» Directions for this task
When you answer, restate the entries below without altering anything.

» Given records
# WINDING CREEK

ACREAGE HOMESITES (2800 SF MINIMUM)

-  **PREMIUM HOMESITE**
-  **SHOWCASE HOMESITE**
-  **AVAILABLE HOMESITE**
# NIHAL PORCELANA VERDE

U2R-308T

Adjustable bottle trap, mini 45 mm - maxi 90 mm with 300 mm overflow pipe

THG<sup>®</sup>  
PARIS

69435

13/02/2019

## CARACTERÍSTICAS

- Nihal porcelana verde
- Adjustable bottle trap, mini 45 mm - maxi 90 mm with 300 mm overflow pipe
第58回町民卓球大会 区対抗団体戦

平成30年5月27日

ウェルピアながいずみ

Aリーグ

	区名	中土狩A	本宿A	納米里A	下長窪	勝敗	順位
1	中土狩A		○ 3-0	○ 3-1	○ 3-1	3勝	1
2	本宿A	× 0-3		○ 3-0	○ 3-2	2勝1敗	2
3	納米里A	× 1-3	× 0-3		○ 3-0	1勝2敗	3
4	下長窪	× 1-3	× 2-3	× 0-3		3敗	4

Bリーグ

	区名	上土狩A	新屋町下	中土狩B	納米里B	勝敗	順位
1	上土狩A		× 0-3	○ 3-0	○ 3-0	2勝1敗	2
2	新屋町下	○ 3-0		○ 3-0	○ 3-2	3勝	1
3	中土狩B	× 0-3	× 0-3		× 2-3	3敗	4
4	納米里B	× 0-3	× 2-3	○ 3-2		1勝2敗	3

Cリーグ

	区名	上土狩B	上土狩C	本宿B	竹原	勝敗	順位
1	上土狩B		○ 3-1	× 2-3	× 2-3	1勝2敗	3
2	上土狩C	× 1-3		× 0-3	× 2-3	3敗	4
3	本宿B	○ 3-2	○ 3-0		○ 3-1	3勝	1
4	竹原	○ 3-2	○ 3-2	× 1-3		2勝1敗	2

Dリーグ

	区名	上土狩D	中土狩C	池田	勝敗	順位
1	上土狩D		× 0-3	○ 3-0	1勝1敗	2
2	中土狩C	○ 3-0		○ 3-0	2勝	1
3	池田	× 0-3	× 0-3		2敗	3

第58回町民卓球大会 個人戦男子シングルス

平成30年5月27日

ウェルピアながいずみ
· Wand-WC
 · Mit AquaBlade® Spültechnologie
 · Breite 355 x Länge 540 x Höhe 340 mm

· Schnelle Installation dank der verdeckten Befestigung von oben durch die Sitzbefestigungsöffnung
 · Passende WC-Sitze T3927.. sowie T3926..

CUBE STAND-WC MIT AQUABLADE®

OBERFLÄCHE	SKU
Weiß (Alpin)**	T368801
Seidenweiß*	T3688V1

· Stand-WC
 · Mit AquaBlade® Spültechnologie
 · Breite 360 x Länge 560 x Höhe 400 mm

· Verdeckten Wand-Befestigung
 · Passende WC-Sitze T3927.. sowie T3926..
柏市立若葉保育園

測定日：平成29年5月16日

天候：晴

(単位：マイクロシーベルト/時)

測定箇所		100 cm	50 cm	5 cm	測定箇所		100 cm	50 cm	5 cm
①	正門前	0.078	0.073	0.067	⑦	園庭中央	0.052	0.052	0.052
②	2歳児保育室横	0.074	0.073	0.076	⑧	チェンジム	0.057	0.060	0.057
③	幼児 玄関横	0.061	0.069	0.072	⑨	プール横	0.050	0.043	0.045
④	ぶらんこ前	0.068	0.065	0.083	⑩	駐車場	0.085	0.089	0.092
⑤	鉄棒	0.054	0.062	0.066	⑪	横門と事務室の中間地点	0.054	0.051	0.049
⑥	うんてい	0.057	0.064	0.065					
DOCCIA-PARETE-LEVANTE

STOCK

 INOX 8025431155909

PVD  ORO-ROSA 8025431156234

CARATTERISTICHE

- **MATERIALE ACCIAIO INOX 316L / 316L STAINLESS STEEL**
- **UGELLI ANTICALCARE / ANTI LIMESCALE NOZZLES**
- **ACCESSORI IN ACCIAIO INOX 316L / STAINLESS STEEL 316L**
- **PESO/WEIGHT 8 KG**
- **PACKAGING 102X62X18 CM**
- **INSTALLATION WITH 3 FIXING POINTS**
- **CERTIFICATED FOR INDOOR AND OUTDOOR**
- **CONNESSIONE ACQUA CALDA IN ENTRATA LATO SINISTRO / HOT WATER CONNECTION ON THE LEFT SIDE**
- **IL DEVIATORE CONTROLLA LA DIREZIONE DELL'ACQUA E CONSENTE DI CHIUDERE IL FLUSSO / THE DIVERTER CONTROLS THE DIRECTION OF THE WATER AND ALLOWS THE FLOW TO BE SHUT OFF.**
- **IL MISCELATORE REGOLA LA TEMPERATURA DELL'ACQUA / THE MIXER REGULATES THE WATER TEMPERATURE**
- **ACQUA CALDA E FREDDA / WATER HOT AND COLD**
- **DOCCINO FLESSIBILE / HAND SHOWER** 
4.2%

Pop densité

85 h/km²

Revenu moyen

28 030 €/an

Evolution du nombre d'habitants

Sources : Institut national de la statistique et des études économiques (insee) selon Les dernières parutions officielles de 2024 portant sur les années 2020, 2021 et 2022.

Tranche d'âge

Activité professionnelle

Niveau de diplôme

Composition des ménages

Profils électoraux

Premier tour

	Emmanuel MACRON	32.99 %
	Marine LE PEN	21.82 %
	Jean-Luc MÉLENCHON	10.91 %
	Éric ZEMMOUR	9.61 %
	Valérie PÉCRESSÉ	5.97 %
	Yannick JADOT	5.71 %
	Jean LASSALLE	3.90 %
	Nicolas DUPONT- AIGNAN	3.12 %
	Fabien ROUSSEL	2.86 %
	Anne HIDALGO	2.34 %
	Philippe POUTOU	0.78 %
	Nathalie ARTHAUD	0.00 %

» Reply
# WINDING CREEK

ACREAGE HOMESITES (2800 SF MINIMUM)

-  **PREMIUM HOMESITE**
-  **SHOWCASE HOMESITE**
-  **AVAILABLE HOMESITE**
# NIHAL PORCELANA VERDE

U2R-308T

Adjustable bottle trap, mini 45 mm - maxi 90 mm with 300 mm overflow pipe

THG<sup>®</sup>  
PARIS

69435

13/02/2019

## CARACTERÍSTICAS

- Nihal porcelana verde
- Adjustable bottle trap, mini 45 mm - maxi 90 mm with 300 mm overflow pipe
第58回町民卓球大会 区対抗団体戦

平成30年5月27日

ウェルピアながいずみ

Aリーグ

	区名	中土狩A	本宿A	納米里A	下長窪	勝敗	順位
1	中土狩A		○ 3-0	○ 3-1	○ 3-1	3勝	1
2	本宿A	× 0-3		○ 3-0	○ 3-2	2勝1敗	2
3	納米里A	× 1-3	× 0-3		○ 3-0	1勝2敗	3
4	下長窪	× 1-3	× 2-3	× 0-3		3敗	4

Bリーグ

	区名	上土狩A	新屋町下	中土狩B	納米里B	勝敗	順位
1	上土狩A		× 0-3	○ 3-0	○ 3-0	2勝1敗	2
2	新屋町下	○ 3-0		○ 3-0	○ 3-2	3勝	1
3	中土狩B	× 0-3	× 0-3		× 2-3	3敗	4
4	納米里B	× 0-3	× 2-3	○ 3-2		1勝2敗	3

Cリーグ

	区名	上土狩B	上土狩C	本宿B	竹原	勝敗	順位
1	上土狩B		○ 3-1	× 2-3	× 2-3	1勝2敗	3
2	上土狩C	× 1-3		× 0-3	× 2-3	3敗	4
3	本宿B	○ 3-2	○ 3-0		○ 3-1	3勝	1
4	竹原	○ 3-2	○ 3-2	× 1-3		2勝1敗	2

Dリーグ

	区名	上土狩D	中土狩C	池田	勝敗	順位
1	上土狩D		× 0-3	○ 3-0	1勝1敗	2
2	中土狩C	○ 3-0		○ 3-0	2勝	1
3	池田	× 0-3	× 0-3		2敗	3

第58回町民卓球大会 個人戦男子シングルス

平成30年5月27日

ウェルピアながいずみ
· Wand-WC
 · Mit AquaBlade® Spültechnologie
 · Breite 355 x Länge 540 x Höhe 340 mm

· Schnelle Installation dank der verdeckten Befestigung von oben durch die Sitzbefestigungsöffnung
 · Passende WC-Sitze T3927.. sowie T3926..

CUBE STAND-WC MIT AQUABLADE®

OBERFLÄCHE	SKU
Weiß (Alpin)**	T368801
Seidenweiß*	T3688V1

· Stand-WC
 · Mit AquaBlade® Spültechnologie
 · Breite 360 x Länge 560 x Höhe 400 mm

· Verdeckten Wand-Befestigung
 · Passende WC-Sitze T3927.. sowie T3926..
柏市立若葉保育園

測定日：平成29年5月16日

天候：晴

(単位：マイクロシーベルト/時)

測定箇所		100 cm	50 cm	5 cm	測定箇所		100 cm	50 cm	5 cm
①	正門前	0.078	0.073	0.067	⑦	園庭中央	0.052	0.052	0.052
②	2歳児保育室横	0.074	0.073	0.076	⑧	チェンジム	0.057	0.060	0.057
③	幼児 玄関横	0.061	0.069	0.072	⑨	プール横	0.050	0.043	0.045
④	ぶらんこ前	0.068	0.065	0.083	⑩	駐車場	0.085	0.089	0.092
⑤	鉄棒	0.054	0.062	0.066	⑪	横門と事務室の中間地点	0.054	0.051	0.049
⑥	うんてい	0.057	0.064	0.065					
DOCCIA-PARETE-LEVANTE

STOCK

 INOX 8025431155909

PVD  ORO-ROSA 8025431156234

CARATTERISTICHE

- **MATERIALE ACCIAIO INOX 316L / 316L STAINLESS STEEL**
- **UGELLI ANTICALCARE / ANTI LIMESCALE NOZZLES**
- **ACCESSORI IN ACCIAIO INOX 316L / STAINLESS STEEL 316L**
- **PESO/WEIGHT 8 KG**
- **PACKAGING 102X62X18 CM**
- **INSTALLATION WITH 3 FIXING POINTS**
- **CERTIFICATED FOR INDOOR AND OUTDOOR**
- **CONNESSIONE ACQUA CALDA IN ENTRATA LATO SINISTRO / HOT WATER CONNECTION ON THE LEFT SIDE**
- **IL DEVIATORE CONTROLLA LA DIREZIONE DELL'ACQUA E CONSENTE DI CHIUDERE IL FLUSSO / THE DIVERTER CONTROLS THE DIRECTION OF THE WATER AND ALLOWS THE FLOW TO BE SHUT OFF.**
- **IL MISCELATORE REGOLA LA TEMPERATURA DELL'ACQUA / THE MIXER REGULATES THE WATER TEMPERATURE**
- **ACQUA CALDA E FREDDA / WATER HOT AND COLD**
- **DOCCINO FLESSIBILE / HAND SHOWER** 
4.2%

Pop densité

85 h/km²

Revenu moyen

28 030 €/an

Evolution du nombre d'habitants

Sources : Institut national de la statistique et des études économiques (insee) selon Les dernières parutions officielles de 2024 portant sur les années 2020, 2021 et 2022.

Tranche d'âge

Activité professionnelle

Niveau de diplôme

Composition des ménages

Profils électoraux

Premier tour

	Emmanuel MACRON	32.99 %
	Marine LE PEN	21.82 %
	Jean-Luc MÉLENCHON	10.91 %
	Éric ZEMMOUR	9.61 %
	Valérie PÉCRESSÉ	5.97 %
	Yannick JADOT	5.71 %
	Jean LASSALLE	3.90 %
	Nicolas DUPONT- AIGNAN	3.12 %
	Fabien ROUSSEL	2.86 %
	Anne HIDALGO	2.34 %
	Philippe POUTOU	0.78 %
	Nathalie ARTHAUD	0.00 %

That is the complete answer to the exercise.